Hassan Ahmed M, Ababneh Jafar, Attar Hani, Shamseldin Tamer, Abdelbaset Ahmed, Metwally Mohamed Eladly
Department of Electrical Power and Machines Engineering, Faculty of Engineering, Benha University, Shoubra, Cairo, Egypt.
Department of Electrical Power and Machines Engineering, Higher Institute of Engineering (HIE), El-Shorouk Academy, El-Shorouk City, Egypt.
PLoS One. 2025 Jan 3;20(1):e0316326. doi: 10.1371/journal.pone.0316326. eCollection 2025.
Enhancing the performance of 5ph-IPMSM control plays a crucial role in advancing various innovative applications such as electric vehicles. This paper proposes a new reinforcement learning (RL) control algorithm based twin-delayed deep deterministic policy gradient (TD3) algorithm to tune two cascaded PI controllers in a five-phase interior permanent magnet synchronous motor (5ph-IPMSM) drive system based model predictive control (MPC). The main purpose of the control methodology is to optimize the 5ph-IPMSM speed response either in constant torque region or constant power region. The speed responses obtained using RL control algorithm are compared with those obtained using four of the most recent metaheuristic optimization techniques (MHOT) which are Transit Search (TS), Honey Badger Algorithm (HBA), Dwarf Mongoose (DM), and Dandelion-Optimizer (DO) optimization techniques. The speed response are compared in terms of the settling time, rise time, maximum time and maximum overshoot percentage. It is found that the suggested RL based TD3 give minimum settling time and relatively low values for the rise time, max time and overshoot percentage which makes the RL provide superior speed responses compared with those obtained from the four MHOT. The drive system speed responses are obtained in the constant torque region and constant power region using MATLAB SIMULINK package.
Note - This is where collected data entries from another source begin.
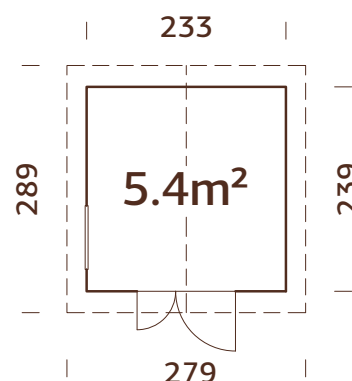

PALMAKO SHED NILS 5,4 m²

ARTICLE NUMBER: 101180

under
2,5m

Ready-made wall elements.

MODEL SPECIFICATIONS

Wall measurements:

233x239 cm

Volume: 11,5 m³

Window type: Shed

Window glass: Acrylglass

Fixed window measurements:

70x46 cm

Door opening measurements:

112x183 cm

Roof boards: 16 mm

Roof area: 8,4 m²

Roof gradient: 21,0°

Gross ground area: 5,6 m²

TREATMENT OPTIONS

101181
brown dip

101183
grey dip

101182
clear white dip

16+32 mm

A: 188 cm
B: 238 cm

Included
16 mm

OPTIONAL

Roofing felt (underlayer): 2 rolls, SBS roofing material: 2 rolls, shingles: 4 packs, roofing nails, rain gutters.
See Optional Products p. 324-345 for details.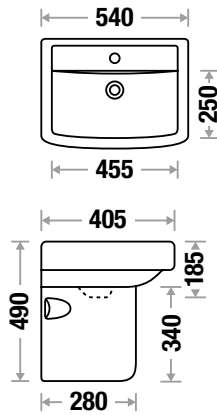

Basin with Half Pedestal

Basin with Half Pedestal

JUNIOR SPACY WB 701 | PD 702

NIEGRA WB 609 | PD 610

L 600 | W 425 | H 450 mm
Fixing: Rag Bolt

CANON WB 677 | PD 671

NEW ARRIVAL

AVTAAR WB 614 | PD 671

MARTIN WB 224 | PD 226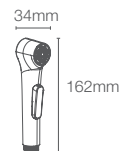

Health faucet with hose and bracket in polished chrome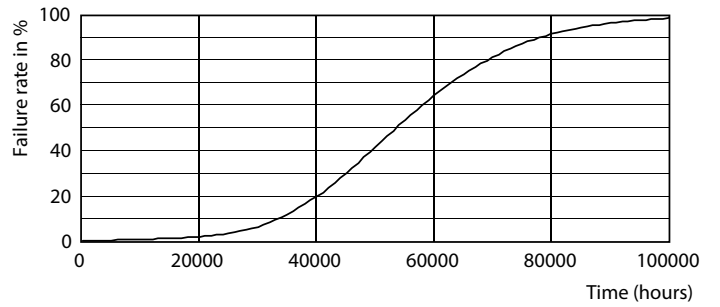

Photometric data

15-5W 2G13 830 3000K

Lifetime

15-5W 2G13

8.5W G13

8.5W G13

15-5W 2G13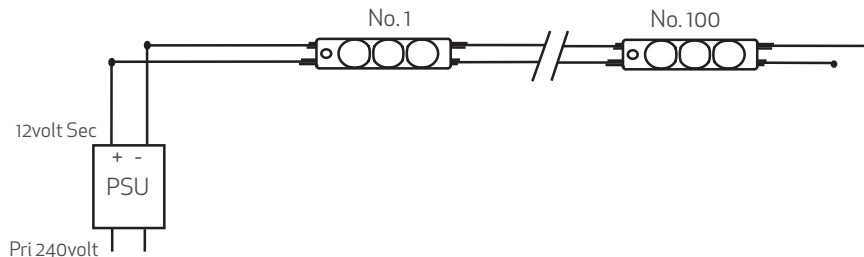

IP rating: IP68

ECA Compliant: Yes

Recommended

Can Depth: 40mm – 100mm

Number of Modules per Power Supply:

K301 10va PSU Maximum 25 modules

LCU 15va PSU Maximum 40 modules

LCU 35va PSU Maximum 90 modules

LCU 60va PSU Maximum 160 modules

LCU 100va PSU Maximum 265 modules

LCU 150va PSU Maximum 400 modules

Circuit Wiring

Centre Feed Up To 200 modules

End Feed Up To 100 modules

Sales: 01527 547521 **Email:** info@signgear.co.uk

提高五相内置式永磁同步电机(5ph-IPMSM)的控制性能对于推进电动汽车等各种创新应用起着至关重要的作用。本文提出了一种基于强化学习(RL)控制算法的双延迟深度确定性策略梯度(TD3)算法,用于在基于模型预测控制(MPC)的五相内置式永磁同步电机(5ph-IPMSM)驱动系统中调整两个级联的PI控制器。该控制方法的主要目的是在恒转矩区域或恒功率区域优化5ph-IPMSM的速度响应。将使用RL控制算法获得的速度响应与使用四种最新的元启发式优化技术(MHOT)获得的速度响应进行比较,这四种技术分别是跃迁搜索(TS)、蜜獾算法(HBA)、矮猫鼬算法(DM)和蒲公英优化器(DO)优化技术。从调节时间、上升时间、最大时间和最大超调百分比方面对速度响应进行比较。结果发现,所提出的基于RL的TD3算法具有最短的调节时间,上升时间、最大时间和超调百分比的值也相对较低,这使得RL算法与从四种MHOT获得的速度响应相比具有更好的速度响应。使用MATLAB SIMULINK软件包在恒转矩区域和恒功率区域获得驱动系统的速度响应。